Time For Your Office To Go Wireless?

Jim Geier wrote his master’s thesis on wireless networks in the late 1980s, and has been working in the field ever since. The author of Wireless LANs and several other books on wireless networking, he is the founder and principal consultant of Wireless-Nets, a wireless networking consulting firm based in Dayton, Ohio. CIN spoke with Geier about the pros and cons of going wireless.

When does it make sense put in a wireless LAN?

Right now, wireless makes sense in two situations: if you want to support mobility, for something like point of sale or inventory bar code scanning, or if you’re going into a new facility. If you have an existing facility that is already wired for ethernet and you’re only going to be connecting PCs, there?s not much reason to go wireless.

Why does wireless make sense for new facilities?

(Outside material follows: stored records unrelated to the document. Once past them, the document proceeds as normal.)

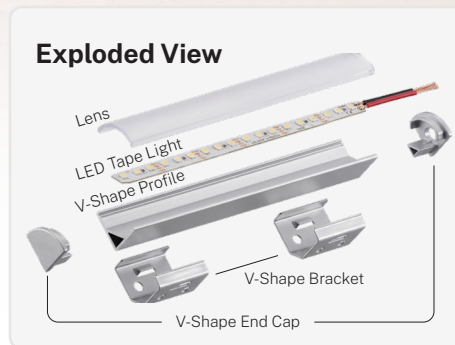

A surface-mount aluminum Profile channel with a distinctive V-shaped profile, designed to direct LED tape light output at an angle for soft, indirect illumination.

Its geometry makes it particularly well suited to accent lighting, cove applications, and any residential setting where a subtle, diffused glow is the goal.

Name	Ordering Code	Length
Kits		
V Shape Kit-Opaline Lens	PR-V-O-V1	8ft
V Shape Kit-Frosted Lens	PR-V-V1	8ft
Profile		
V Shape Aluminium Profile	C-PR-V-V1	8ft
Lenses		
Opaline Lens	C-PR-L-V-O-V1	8ft
Frosted Lens	C-PR-L-V-V1	8ft
Mounting Brackets		
V Shape Installation Bracket	C-PR-BR-V-V1	N/A
End Caps		
V Shape End caps (Closed)	C-PR-EC-V-CL-V1	N/A
V Shape End caps (Open)	C-PR-EC-V-O-V1	N/A

Specifications

Snap-On Lens
Aluminium Construction

Recommended Tapes

Dry Tapes (8 and 12mm)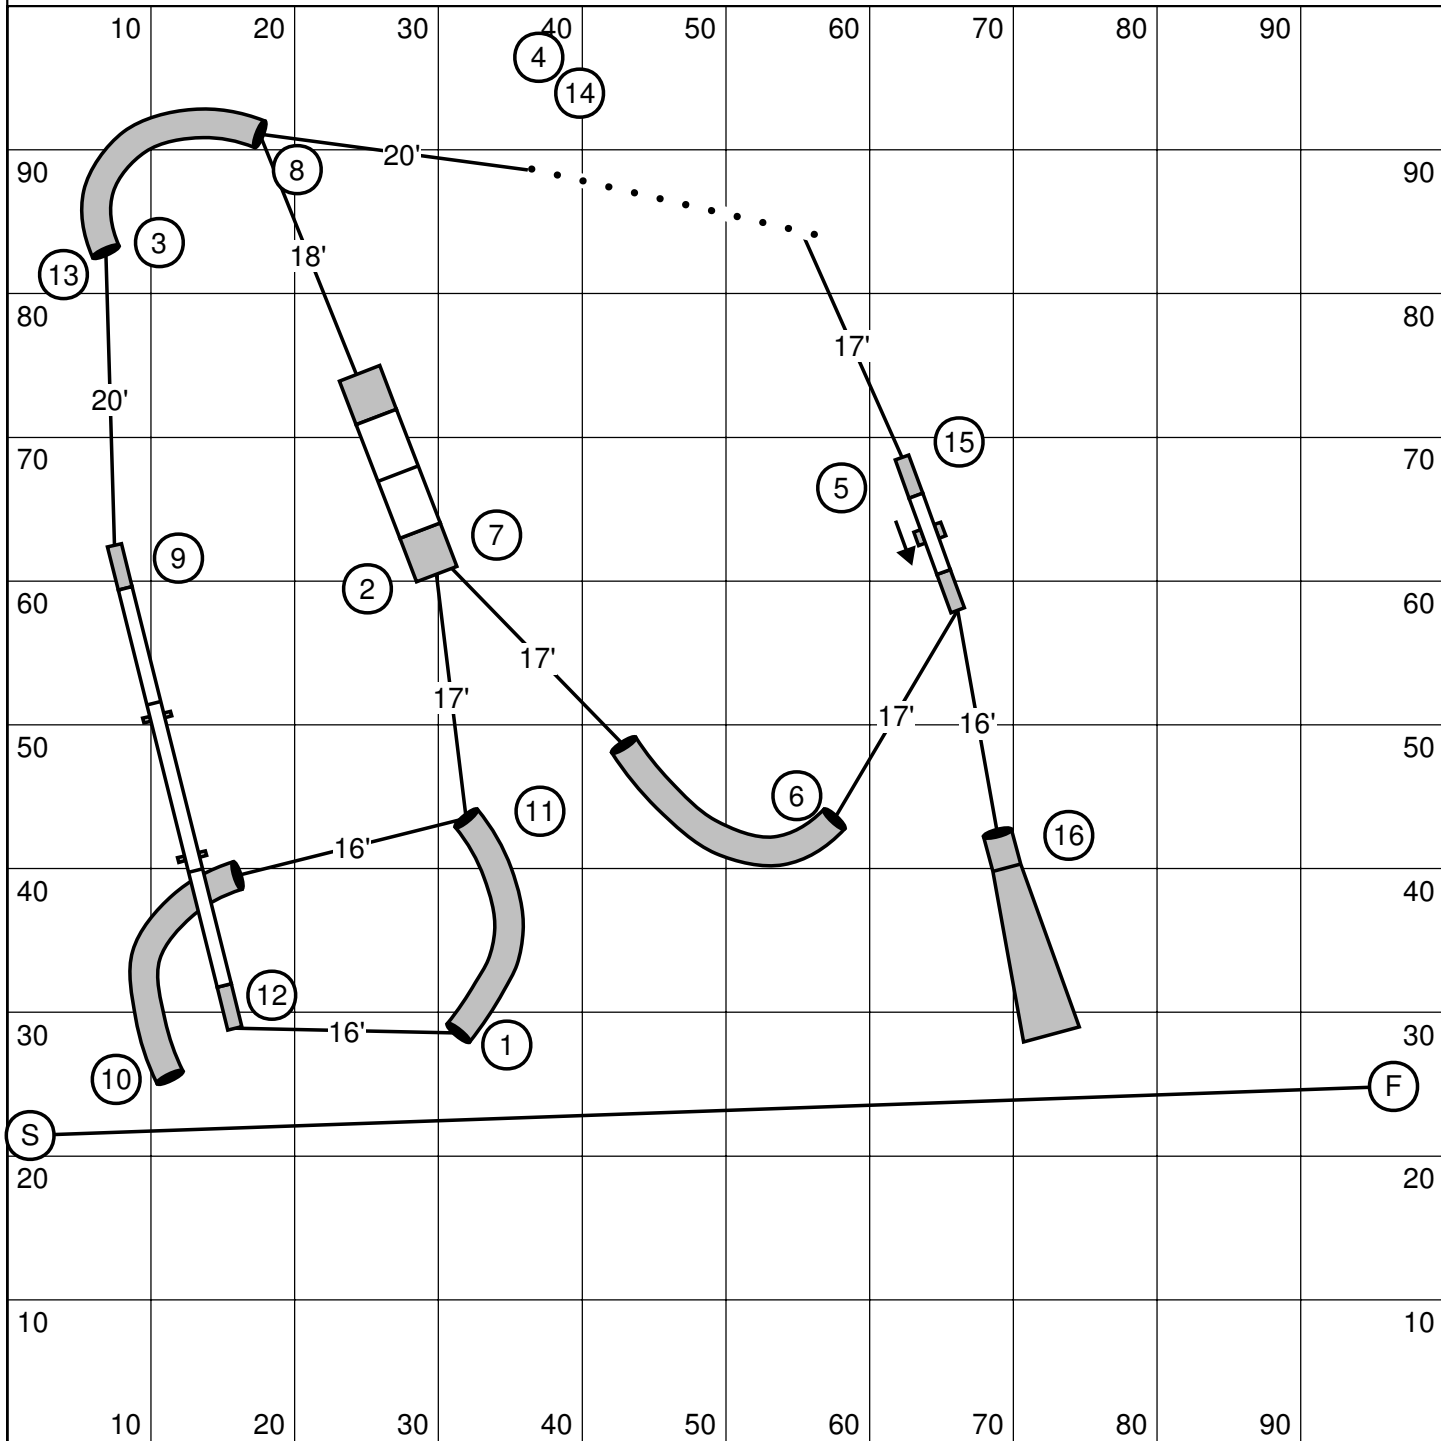

BC/YUKON 2007 REGIONALS

Warm up game: TOUCH N GO WITH WEAVES

JUDGES

am - B Vanderheide

pm - L Prefontaine

approx 186 yds open @3yds=62 sec
 vets 62x1.2= 74 sec
 MCT 74x1.5=111sec

The price of wireless equipment has been dropping steadily, and it’s now to the point where it’s approaching the cost of ethernet. Wireless products are still a little bit more expensive, but you can install them faster than you can a wired network, and you’re going to have more flexibility down the road, so you won’t have as many restructuring costs when you move people into new offices or remodel. If you have to tear down walls, you don’t have to worry about cables.

Are there issues a CIO should be concerned about in putting in a wireless LAN?

Security is the probably the issue that tops the list for CIOs. The problem with wireless LANs is that they use radio waves, which makes them susceptible to someone eavesdropping on the network from outside your building.

Wireless networks do have security, for example you can encrypt traffic using Wired Equivalent Privacy, or WEP. But WEP it doesn?t work very well, it’s crackable. People can download a utility from the Internet for free, and with the right technical background, they can crack it and get to your information, at least after a period of time. It may take them a while, and it takes someone fairly technically sophisticated to do it, but it’s possible.

Within the next year, there should be upgrades to the 802.11 standard that addresses this problem, but in the meantime, it?s an issue to consider.

Does WEP add a performance hit?

In the past, it used to be done in software and it really slowed things down. Now it’s done in hardware, so it’s pretty much negligible.

Have hackers actually broken into wireless networks?

Some researchers at UC Berkeley have published papers where they described cracking a wireless LAN. But in practice, I don’t know of any instances where a company was using WEP and someone broke in.

What has happened is that companies that don’t use WEP have been hit. [Consumer electronics retailer] Best Buy was hit, but they were transmitting in the clear. Someone was parking outside Best Buy
sniffing the packets being sent, figuring out account passwords, and
getting credit card numbers. They were caught, but the lesson about using encryption is clear.

So how secure are wireless LANs?

In my opinion, the security problems with wireless are overblown. There are a lot of things you can do to make wireless just as secure as ethernet. There are proprietary security measures that you can deploy while we?re waiting for 802.11 to roll out the standardized version.

Such as?

There is a standard called 802.1X, which can provide mutual authentication between the user and an authentication server. 802.11 is considering incorporating that standard. There?s another standard called Advanced Encryption Standard (AES), which has recently been kind of blessed by the government. Many of these additional security technologies are included when you buy any equipment from any of the enterprise grade wireless vendors.

Are there other issues that should be considered besides security?

There’s the question of interference, although in all the time I’ve been working with wireless, I’ve only seen one major case of interference with the radio waves. That was a company that discovered, after they had installed 300 wireless access points, that about half of them didn’t work. It turned out that the ones that didn’t work were all on one side of the building, which faced a river. Across the river was an air force base, whose equipment was completely blocking their transmission.

But that sort of situation seems to be the exception.

Right. Usually, interference will only cause the network to work a little slower, instead of completely blocking it. And to avoid the situation, I highly recommend that before installing a wireless network, you do an RF (Radio Frequency) site survey. That basically involves walking around your facility with radio frequency testing equipment to see what kind of interference you might have. Although of course, a week after you put your network in, someone could build a big radio tower outside your building and cause interference.

Are there other things you can do to minimize interference?

The 802.11 standard is gradually moving from a version called 802.11B to one called 802.11A. 802.11A operates in the five gigahertz frequency band, which is less susceptible to interference than the 2.4 gigahertz range that 802.11B uses. There are a lot of devices that can cause interference in the 2.4 gigahertz band, like microwave ovens and cordless phones. 802.11B avoids those, and it also has a higher data transmission rate.